Судя по голосам, менялись коридорные надзиратели, за деревянным козырьком проголубела и погасла полоска неба, а я все ходил из угла в угол, от усталости задевая плечами за стены.
Потом снова стоял перед столом Корша.
— Ну как? — спросил он, прищурившись.
— Плохо.
— Тебе никто не мешает сделать лучше. Давай-ка поговорим об организаторах БСВ.
— Никого я не знаю.
— Ничего, ничего, скоро узнаешь, — зловеще обещал Корш, и меня снова уводили в одиночку. И снова тянулись бесконечные часы болтанки от стены к стене.
Временами в камеру наползал желтый туман, в глазах все сливалось и опрокидывалось: я засыпал на ходу и падал. Откуда-то издали долетало:
— Встать!
Пинками меня поднимали, и все продолжалось, как прежде: я бродил от стены к стене, едва переставляя отекшие, точно свинцовые ноги.
Во время коротких свиданий Корш допытывался:
— Ну-с, какие задания ты получал?
— От кого? — спрашивал я и тут же засыпал.
— Собака, — хладнокровно цедил Корш и хлестко бил по щеке. — Собака. Героя корчишь? Так или иначе подохнешь. Только сначала из тебя душу вытянут. По ниточке, по кусочку, медленно.

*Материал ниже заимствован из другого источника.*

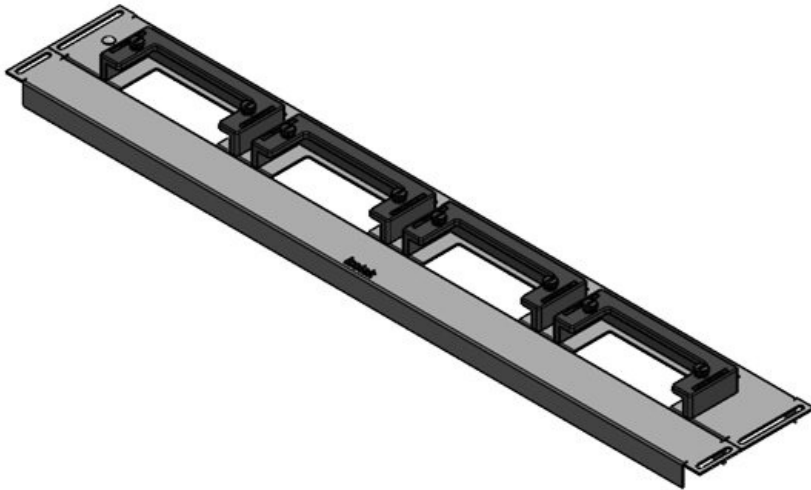

KDR-ESR-HW-1000 + Blindblech

Art.-Nr.	44523	Für	1.000 mm
EAN	4251269324	Schrankbreite	
	574	Lichtes Maß	792 mm
Verpackungseinheit	1	der Bodenöffnung	
Länge	827 mm	Passend für	4 × KEL-U 24
Breite	136 mm	Kabeleinführung /	KEL-QUICK
Höhe	56 mm	gen:	24
Gesamtlänge Bodenblech	827 mm	Passend für Gehäuse	Häwa H390 / H395
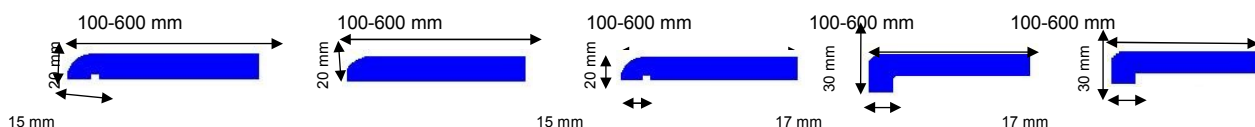

Fogyasztói árlista:
2009. 07. 01-től

Anyaga: Öntött márvány
A felület védőfóliával ellátva

Maximális hosszúság: 360 cm
Maximális szélesség: 60 cm

Külső és belső ablakkönyöklő
A szállítás a megrendelés szerint
méretre vágva történik.
A méretek kialakításánál kérjük vegye
figyelembe a könyöklő kiállítását
a nettó káva mérettől.

FOLYÓMÉTER ÁR

Szélesség cm-ig	Home külső-belső ablakkönyöklő 2, S2, 91, S91	Classic külső-belső ablakkönyöklő 5, 9, 15	Basic külső-belső ablakkönyöklő M230	Exklusív külső-belső ablakkönyöklő 317, 318, 344 391, M391, M330	Puritamo külső-belső ablakkönyöklő M210, M220, M240, M250, M260
12,5	4 325 Ft	6 300 Ft	5 510 Ft	6 888 Ft	6 888 Ft
15	5 125 Ft	7 475 Ft	6 540 Ft	8 175 Ft	8 175 Ft
17,5	5 925 Ft	8 638 Ft	7 570 Ft	9 463 Ft	9 463 Ft
20	6 750 Ft	9 825 Ft	8 620 Ft	10 775 Ft	10 775 Ft
22,5	7 550 Ft	11 000 Ft	9 640 Ft	12 050 Ft	12 050 Ft
25	8 363 Ft	12 188 Ft	10 690 Ft	13 363 Ft	13 363 Ft
30	9 988 Ft	14 550 Ft	12 790 Ft	15 988 Ft	15 988 Ft
35	11 600 Ft	16 900 Ft	14 840 Ft	18 550 Ft	18 550 Ft
40	13 200 Ft	19 238 Ft	16 910 Ft	21 138 Ft	21 138 Ft
45	14 838 Ft	21 613 Ft	18 990 Ft	23 738 Ft	23 738 Ft
50	16 475 Ft	24 013 Ft	21 070 Ft	26 338 Ft	26 338 Ft
60	19 688 Ft	28 688 Ft	25 210 Ft	31 513 Ft	31 513 Ft

Anyaga: V 100/E1 vízszító pozdorja
felső felülete fóliázott dekorit lemez DIN 16926

Maximális hosszúság: 405 cm
Maximális szélesség: 60 cm

Belső ablakkönyöklő profillal

A szállítás a megrendelés szerint méretre vágva történik

Fogyasztói árlista: 2009. 07. 01-től

Anyaga: Tüzhorgonyzott és műanyaggal felületkezelt, majd lakkozott acél.

Maximális hosszúság: 600 cm
Maximális szélesség: 32 cm

Színek: 701 ezüst, 702 barna, 703 fehér
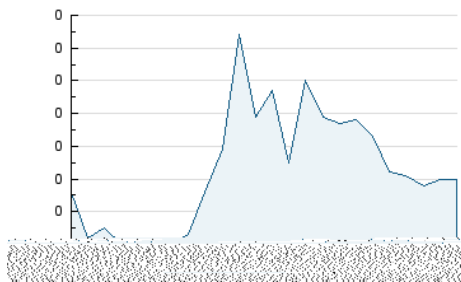

4.2 Per franja horària (promig)

Visites (x 1000)

Суток через трое под проволочную сетку на потолке ввинтили огромную лампу и откинули койку. Я мог лежать ночью, но проклятый свет резал глаза, даже если лежал вниз лицом. Он, казалось, пронизывал голову насквозь, и ни на секунду нельзя было от него скрыться, отдохнуть. Он доводил до исступления, до припадков бешенства. Тогда я в бессильной злобе бросался на пол, готовый пробить его своей головой.
Меня уже не выводили из камеры. Пытка продолжалась беспрерывно. Ежедневно на несколько секунд заглядывал Корш и коротко спрашивал:
— Ну-с, надумал?
Вместо Корша я видел темное, почему-то искрящееся пятно. Глядя на него, отвечал:
— Ничего я не знаю.
Лязгала дверь, и адски яркий свет продолжал заливать крохотную камеру. Воздух накалился. Железо койки было теплое, липкое.
— В Дахау тебя обдерут до костей. Там скажешь и то, чего не знаешь. Отца продашь и будешь смерти просить, как милости. Там обломают, — обещал Корш.
Я его уже не боялся. В течение этих тяжелых дней я убедился в том, что Коршу обо мне ничего не известно. Пытается взять измором. Значит, все зависит пока только от меня, и я себе приказывал: «Соберись в комок, не раскисай, лучше умри, но молчи».